A little relief for Ontario parents whose kids are skittish with needles.
A new nasal spray flu vaccine will be available in Ontario on October 26. The vaccines provide protection against four flu viruses: an influenza A (H1N1) virus, an influenza A (H3N2) virus and two influenza B viruses.
“This year, parents will have new options when they get their child vaccinated against the flu,” said Dr. Eric Hoskins, Ontario’s Minister of Health and Long-Term Care. “The flu nasal spray is a good option for children who don’t like getting needles, and it provides broader protection by protecting against four strains of the flu. We want to make it as easy and convenient as possible for parents to protect their kids, and all Ontarians, by getting their kids vaccinated against the flu.”
One drawback to the nasal spray vaccines is the long list of people who shouldn’t take them, including children under the age of two, people over the age of fifty, pregnant women, or people who are allergic to eggs.
The nasal spray flu vaccine has proven popular in the United States. In Baltimore, some schools delayed flu vaccine clinics due to a shortage of the product. The treatment, which is produced by AstraZeneca and is called FluMist, has already been used millions of times.
Most medical professionals recommend people get a flu shot in October because they say it can reduce the chances of getting the flu greatly. Dr. Tom Frieden, director of the U.S. Centers for Disease Control and Prevention says the vaccine is typically 50 to 60% percent effective, but the 2015 strain appears to be more effective than that. In 2014, the vaccine was just 13% effective against the H3N2 strain.
In Canada, the number of adult deaths from influenza has risen over the past four years. But some take issue with the math used to arrive at this conclusion. In 2012, Canada’s chief public health officer, Dr. Gregory Taylor said between 2,000 and 8,000 Canadians die of the flu and its complications.
“The flu is a serious illness, more so than many might realize,” said federal Health Minister, Leona Aglukkaq at the time. “That’s why it’s important that all Canadians over the age of six months take the necessary precautions to protect themselves and those around them by getting the flu shot.”
One expert, however, says the numbers just don’t have any credibility because they are statistically lumped in with other ailments.
“This is a scientific guess. This is not the truth,” Dr. Michael Gardam, director of the infection prevention and control unit at the University Health Network in Toronto. Gardam says one model used logs every respiratory and circulatory deaths as flu deaths.

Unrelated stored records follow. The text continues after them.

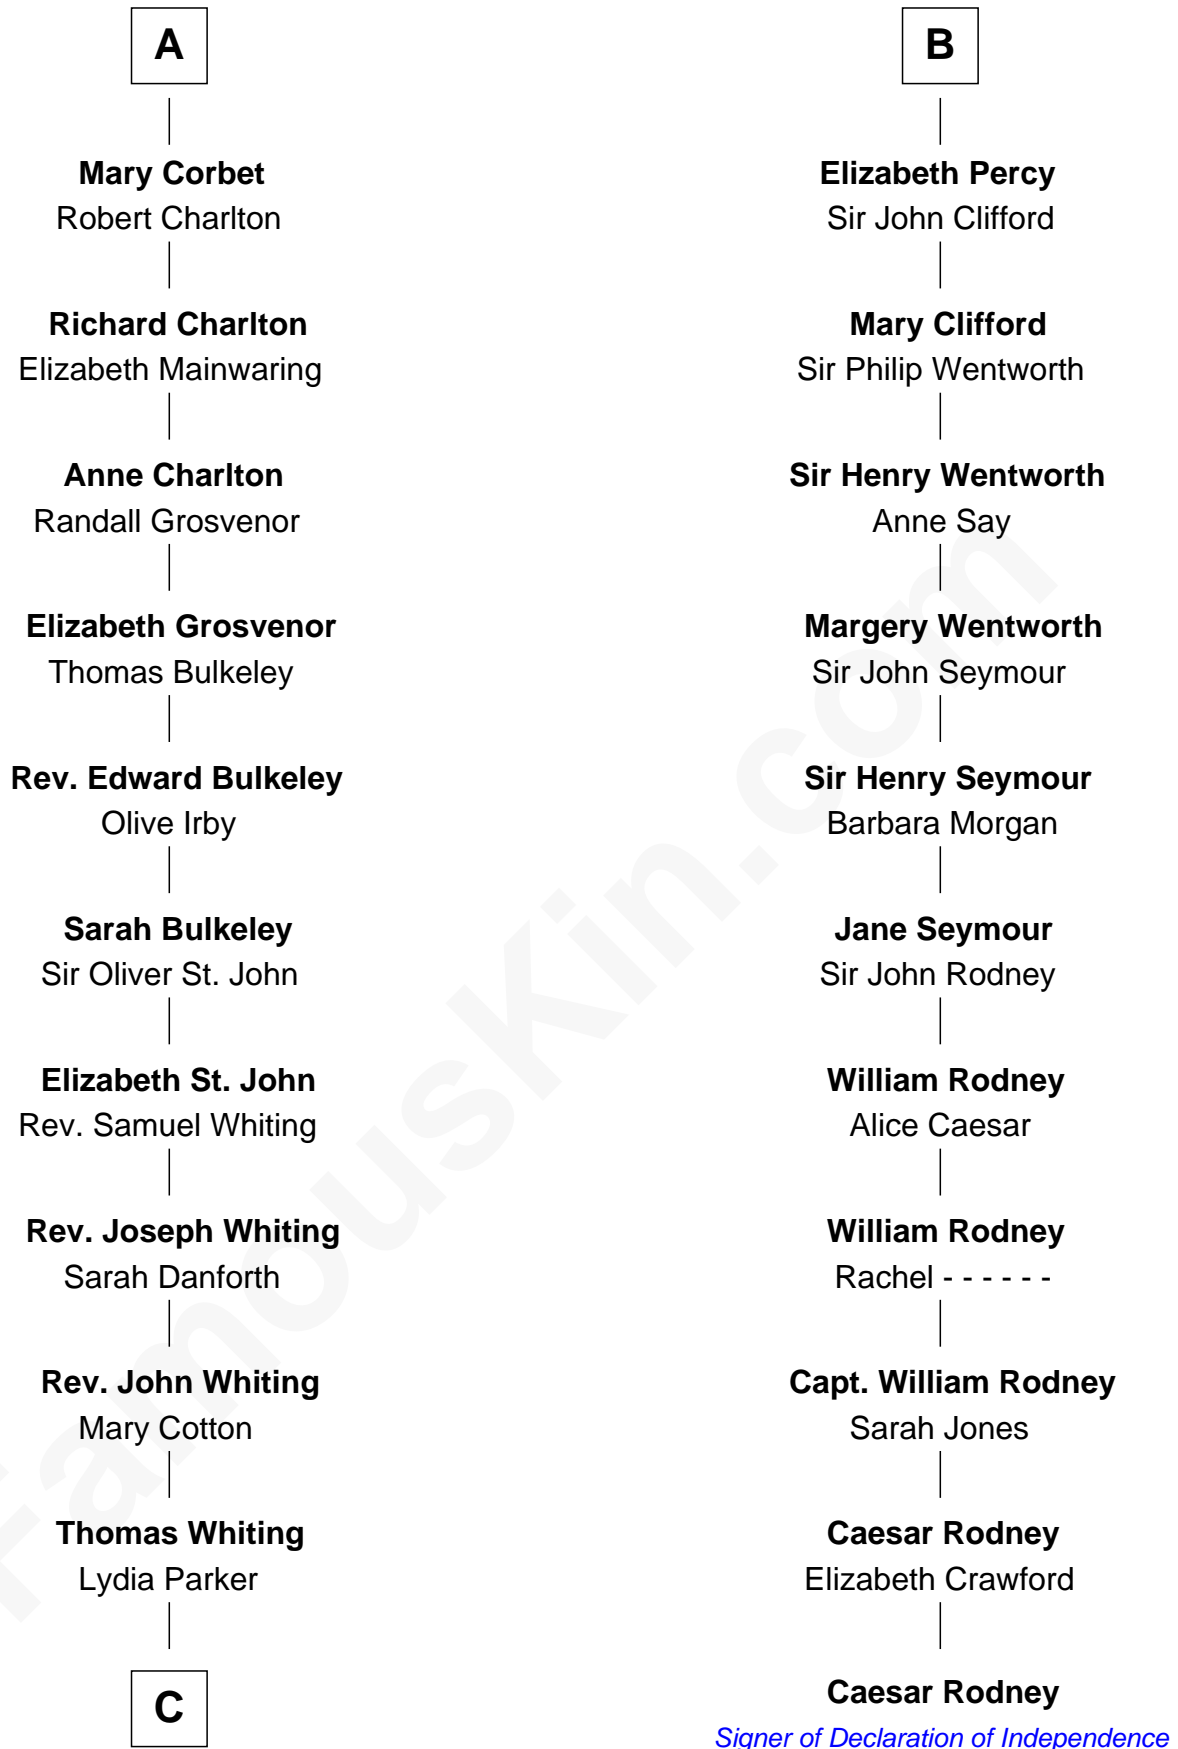

# FamousKin.com Relationship Chart of

**James Sherman**

*27th U.S. Vice-President*

17th cousin 4 times removed of

**Caesar Rodney**

*Signer of the Declaration of Independence*

**C**

—  
**Mary Whiting**  
William Barron

—  
**Mary Augusta Barron**  
Stalham Williams

—  
**Frances Lucretia Williams**  
Richard Winslow Sherman

—  
**Mary Frances Sherman**  
Richard Updike Sherman

—  
**James Sherman**  
*27th U.S. Vice-President*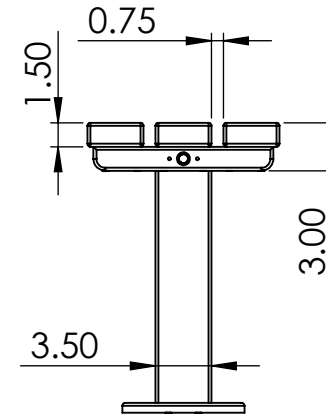

# BENCH SPECIFICATIONS BC1045 - BC1050

ALL DIMENSIONS SHOWN IN INCHES

**CONSTRUCTION MATERIALS:**  
Recycled Plastic  
**HARDWARE:**  
Stainless Steel

“As an upper limit, they are looking at everybody who died of a heart and lung problem,” says Gardam. “So you could imagine this could include people who died of a heart attack that had nothing to do with flu, but the feeling is that anybody who died of flu should be captured in there, plus a lot of other people.”
Whatever the actual figures are, the administration of flu vaccines has become a hot-button topic given the rise of the anti-vaccination movement worldwide. It’s here the scientific community agrees the information becomes much more clear. Vaccines ares safe; they don’t cause Alzheimer’s disease, contain high levels of dangerous ingredients, reap massive profits for pharmaceutical companies, or cause heart attacks or strokes. And no, they won’t leave you with the ability to only walk backwards.